Check every line below for the string "with", and copy the lines that contain it.
======== SOURCE MATERIAL
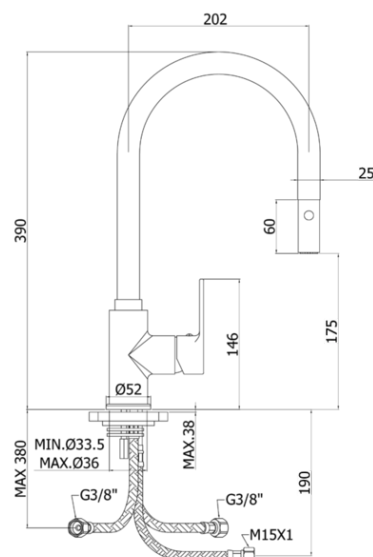

red

DESCRIZIONE | DESCRIPTION

- Miscelatore lavello monoforo con canna orientabile completo di:
- set 2 flessibili inox 3/8"G
- 1 flessibile inox M15x1
- 1 flessibile nylon 1/2"G x M15x1 L.1500mm con peso ecologico
- One-hole sink mixer with swivelling spout complete with:
- set of 2 stainless steel hoses 3/8"G
- 1 stainless steel hose M15x1
- 1/2"-M15x1 / L.1500mm nylon hose with ecological weight

ARTICOLO | ARTICLE

RED 285..

- con doccia estraibile (2 getti) in metallo
- with (two-spray) metal pull out hand-shower

RAPPORTO PROVA PORTATA | FLOW RATE REPORT

	Uscita outlet	Pressione / Pressure (bar)									
		0,5	1	1.5	2	2.5	3	3.5	4	4.5	5
Portata / Flow rate (l / min)	getto normale - normal jet	2.93	4.47	5.65	6.52	7.42	8.12	8.77	9.42	10.02	10.65
	getto pioggia - rain jet	2.94	4.5	5.7	6.7	7.6	8.4	9.09	9.8	10.4	11

DOCUMENTI TECNICI | TECHNICAL DOCUMENTS

DIAGRAMMA
PORTATA 1ISTRUZIONI
INSTALLAZIONEESPLOSO
RICAMBI
RED 285
================
* SOLUTION TO THIS EXERCISE:
- One-hole sink mixer with swivelling spout complete with:
- 1/2"-M15x1 / L.1500mm nylon hose with ecological weight
- with (two-spray) metal pull out hand-shower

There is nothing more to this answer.